• [Description of the task]
Transcribe the listing word for word, beginning at its first line and ending at the line containing "Wandeinbauleuchte mit nach"; omit the pictures.

____

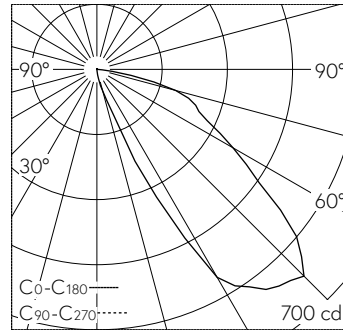

QR-Code scannen und auf www.neuco.ch mehr über diesen Artikel erfahren

B 24 203K3
grafit - RAL 7024
LED 6.4 W 461 lm-h 3000 K
DALI-Konverter steuerbar

IP65 IK07

Wandeinbauleuchte mit nach unten gerichtetem Lichtaustritt und abgeblendeter Lichtverteilung. Schutzart IP65 staubdicht und strahlwassergeschützt Schutzklasse I.

Gerichtetes Licht. Constant Optics®: Effizientes optisches System, das nahezu keinem Verschleiss unterliegt. Mit LED-Netzteil, DALI-steuerbar, 220-240 V, 0/50-60 Hz. Mit austauschbarem LED-Modul mit Übertemperaturschutz und einer Lebenserwartung von mindestens 200'000 Betriebsstunden. 20-jährige Nachliefergarantie auf das LED-Modul und die Verschleissteile. Schutzart IP 65. Leuchtengehäuse aus hochkorrosionsfestem Aluminiumguss, Aluminium und Edelstahl. Beschichtungstechnologie Tricoat®. Farbe Grafit. Sicherheitsglas mit optischer Struktur. Zwei Leitungseinführungen zur Durchverdrahtung der Netzanschlussleitung bis Ø 7-10,5 mm, max. 5 G 1,5 mm². Leuchte für den Einbau in eine Einbauöffnung mit den Abmessungen 175 x 175 x 105 mm oder in das Einbaugehäuse B 10 489.

5 Jahre Garantie.

PUSH, switchDIM und Touch-DIM® werden nicht unterstützt.
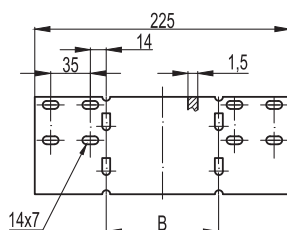

Редукция-заглушка

Назначение:

- соединение лотков, различных по ширине;
- торцевая заглушка в местах окончания трассы.

Монтажные элементы:

- для соединения используются следующие метизы: болт М6х16 (код СМ010616), гайка М6 (код СМ100600).

Высота лотка, мм	Ширина перехода В, мм	Код, исп. 1	Код, исп. 2	Код, исп. 4
80	100	URH081	URH081HDZL	URH081HDZL
	200	URH082	URH082HDZL	URH082HDZL
	300	URH083	URH083HDZL	URH083HDZL
	400	URH084	URH084HDZL	URH084HDZL
	500	URH085	URH085HDZL	URH085HDZL
	600	URH086	URH086HDZL	URH086HDZL
	700	URH087	URH087HDZL	URH087HDZL
	800	URH088	URH088HDZL	URH088HDZL
	900	URH089	URH089HDZL	URH089HDZL
	1000	URH080	URH080HDZL	URH080HDZL
100	100	URH011	URH011HDZL	URH011HDZL
	200	URH012	URH012HDZL	URH012HDZL
	300	URH013	URH013HDZL	URH013HDZL
	400	URH014	URH014HDZL	URH014HDZL
	500	URH015	URH015HDZL	URH015HDZL
	600	URH016	URH016HDZL	URH016HDZL
	700	URH017	URH017HDZL	URH017HDZL
	800	URH018	URH018HDZL	URH018HDZL
	900	URH019	URH019HDZL	URH019HDZL
	1000	URH010	URH010HDZL	URH010HDZL
150	100	URH051	URH051HDZL	URH051HDZL
	200	URH052	URH052HDZL	URH052HDZL
	300	URH053	URH053HDZL	URH053HDZL
	400	URH054	URH054HDZL	URH054HDZL
	500	URH055	URH055HDZL	URH055HDZL
	600	URH056	URH056HDZL	URH056HDZL
	700	URH057	URH057HDZL	URH057HDZL
	800	URH058	URH058HDZL	URH058HDZL
	900	URH059	URH059HDZL	URH059HDZL
	1000	URH050	URH050HDZL	URH050HDZL
200	100	URH021	URH021HDZL	URH021HDZL
	200	URH022	URH022HDZL	URH022HDZL
	300	URH023	URH023HDZL	URH023HDZL
	400	URH024	URH024HDZL	URH024HDZL
	500	URH025	URH025HDZL	URH025HDZL
	600	URH026	URH026HDZL	URH026HDZL
	700	URH027	URH027HDZL	URH027HDZL
	800	URH028	URH028HDZL	URH028HDZL
	900	URH029	URH029HDZL	URH029HDZL
	1000	URH020	URH020HDZL	URH020HDZL

Универсальный переходник

Назначение:

- соединение лотков серии "U5 Combitech" с лотками "L5 Combitech" и "S5 Combitech" вне зависимости от высоты лотка.

Характеристики:

- длина – 200 мм;
- толщина – 2,5 мм.
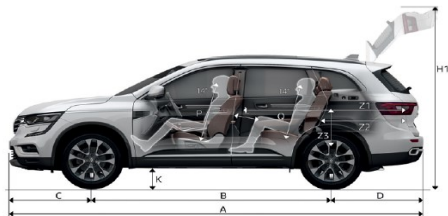

Dimensiuni Noul Renault KOLEOS

Volumul total al portbagajului VDA – din*	558
Cote (mm)	
A Lungime totală	4.673
B Ampatament	2.705
C Consolă față	930
D Consolă spate	1.059
E Escarament față, jante 17"	1.591
F Escarament spate, jante 17"	1.586
G/G1 Lățime totală / lățime totală cu / fără oglinzi	1.843/2.063/1.864
H Înălțimea fără încărcătură	1.678

Cote (mm)

Cote (mm)

Y Lățimea acces superioară/maximă portbagaj	902/1.091,7*
Y1 Lățime acces inferior portbagaj	1.034,8
Y2 Lățime interioară între pasajele rotilor	1.066,6
Z1 Lungime maximă de încărcare cu bancheta rabatată	1.889,3
Z2 Lungime de încărcare în spatele banchetei	973,6
Z3 Înălțime sub planșeu portbagajului	365,5

* Pentru platformă panoramică
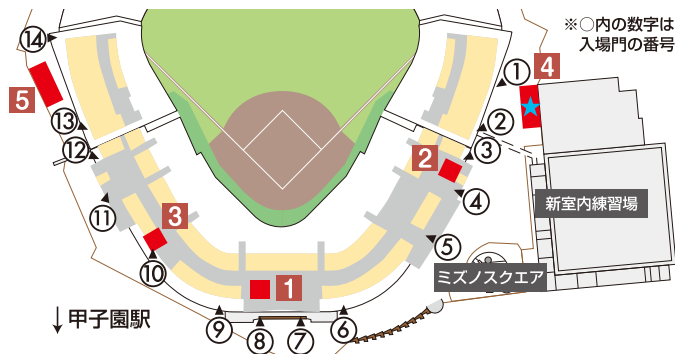

NEW! 今年から、引換場所と引換方法が変わりました!

引換場所

阪神甲子園球場は、
下記の5カ所に引換場所を増設!

阪神甲子園球場

- 1 8号門内2階通路
- 2 1塁側アイビーシート2階コンコース内
- 3 3塁側ブリーズシート2階コンコース内
- 4 外周1塁側1、2号門前特設テント
- 5 外周3塁側13、14号門前特設テント

京セラドーム大阪 北口前売券売所

倉敷マスカットスタジアム 正面入口付近

ご本人様の「会員証(またはデジタル会員証)」と「当日入場券」のご提示が必須です。

NEW!
マイページでも
来場回数を確認できます!
マイページにログイン
→メニュー「応援デー」
から確認!

時間 ナイターの場合 15:30~19:30 (ただし、場内での引換は開門後からになります)
デーゲームの場合 11:30~15:30

引換方法の流れ

ダイヤモンドプラス会員限定

- お好きな「選手ユニフォームピンズ」を選べる!(1~5全引換場所)
※ダイヤモンドプラスにご入会されたご本人様だけのサービスです。お連れ様はお受けいただけません。
- ダイヤモンドプラス専用レーン設置!(4のみ)
応援デー混雑時の列に並ばずスイスイ引換ができる!

※ダイヤモンドプラス専用レーンは阪神甲子園球場1号門前特設テントのみとなります。その他の引換ブースには併設されておりません。
※ダイヤモンドプラス専用レーンではダイヤモンドプラス会員以外は引換ができません。その他の引換場所でも引換及びグッズの選択は可能です。

ダイヤモンドプラス会員証を提示してください。

さらに! 来場回数ごとに追加特典をプレゼント!

※来場回数ごとにもらえる追加特典のお渡しは、1回のみです。

ビジターゲーム

試合日	対戦相手	球場	場所	時間
1/4	vs 広島	マツダスタジアム	ビジターパフォーマンス席下コンコース	(23日)開門~15:00(24日)開門~14:30
3/5	vs DeNA	横浜	レフト側1ゲート付近特設ブース	11:00~15:00
5/5	vs 巨人	東京ドーム	外周3塁側24ゲート横特設ブース	(28日)15:00~19:00(29日)11:00~15:00
7/5	vs 楽天	Koboスタジアム	R5ゲート前特設ブース	開門~19:00
9/6	vs ロッテ	QVCマリン	球場外周Lゲート横 特設ブース	15:15~19:15
11/6	vs 日本ハム	札幌ドーム	一塁側1階コンコース南ゲート3横	(10日)開場~19:00(11日)開場~15:00
13/7	vs 中日	ナゴヤドーム	場内35通路付近	(1日)開場~19:00(2日)開場~16:00
15/8	vs ヤクルト	神宮	3塁側13入口周辺特設ブース	15:00~19:00
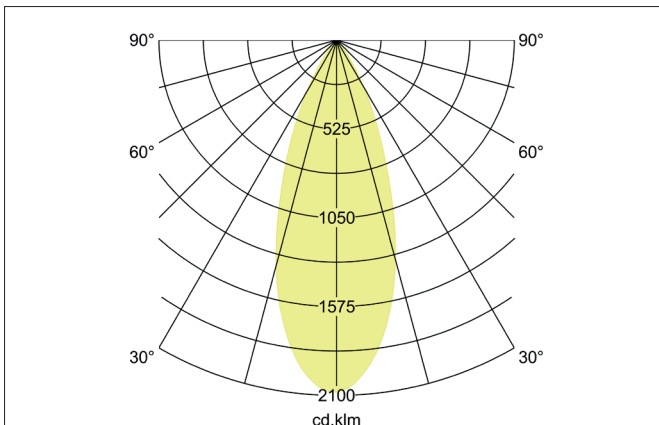

ABACO LED-Einbaustrahler, DALI dimmbar, TunableWhite, IP44
 Artikel-Nr. 4 14 15 154TW

Licht.
 Für Generationen.

Ausschreibungstext

Quadratisches LED-Einbaustrahler, DALI dimmbar, TunableWhite, IP44, werkzeugloser Deckeneinbau mittels Einbaufedern. Deckenausschnitt Ø 68 mm, Einbautiefe 38 mm, Länge 83 mm, Breite 83 mm, Gewicht 0,180 kg, Reflektor silber mit rotationssymmetrisch tief-breitstrahlender Lichtstärkeverteilung. Kunststoff transparent Abdeckung. Bemessungslichtstrom 750 lm, Bemessungsleistung 1 x 6 W, Lichtfarbe warmweiß bis tageslichtweiß, ähnlichste Farbtemperatur (CCT) 2.700 - 6.500 K, allgemeiner Farbwiedergabeindex CRI 82, Gehäusewerkstoff: Aluminium / PMMA, Farbe: nickel, zulässige Umgebungstemperatur (ta): -20 °C - +25 °C, Schutzklasse (EN 61140): II, Schutzart (DIN EN 60529): IP44. Mit elektronischem Betriebsgerät, dimmbar.

Produktvorteile

- Schutzart IP44 für den Anwendungsort Normalbereich bis Feuchtraum Innenbereich
- Standard-Deckenausschnitt 68 mm – geringe Einbautiefe 38 mm
- Serienmäßig über DALI dimmbar (Auslieferung als Set)
- TunableWhite-Ausführung

Lichttechnik	
Farbtemperatur	2.700 K - 6.500 K
Lichtfarbe	weiß
Lichtaustritt	direkt
Lichtstrom	750 lm
Systemeffizienz	125 lm/W
Farbwiedergabe	CRI 82
Reflektor	facettiert
Reflektorfarbe	silber
Abstrahlwinkel	36°
Lichtverteilung	symmetrisch
Farbtemperatur einstellbar	stufenlos
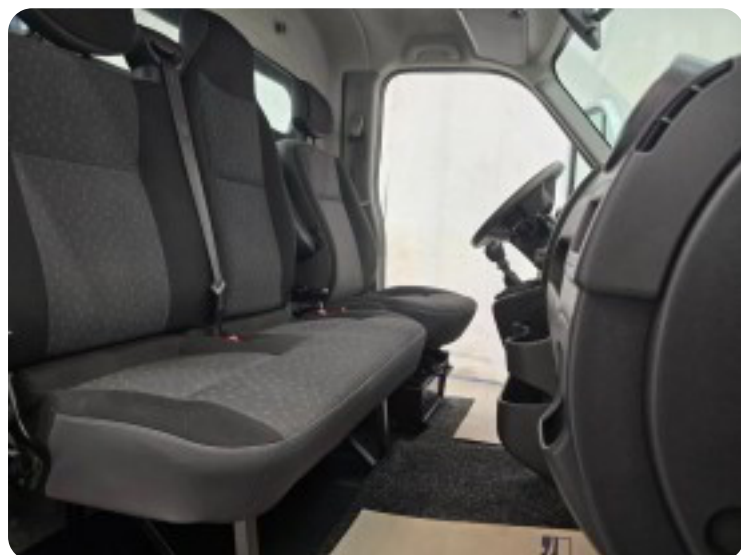

Billeder (12)

Se flere billeder på: autohandel-karup.dk/biler/opel-movano-cdti-125-chassis-l3-rq1fi3olrwp

____

• [Response area]
QR-Code scannen und auf www.neuco.ch mehr über diesen Artikel erfahren

B 24 203K3
grafit - RAL 7024
LED 6.4 W 461 lm-h 3000 K
DALI-Konverter steuerbar

IP65 IK07

Wandeinbauleuchte mit nach unten gerichtetem Lichtaustritt und abgeblendeter Lichtverteilung. Schutzart IP65 staubdicht und strahlwassergeschützt Schutzklasse I.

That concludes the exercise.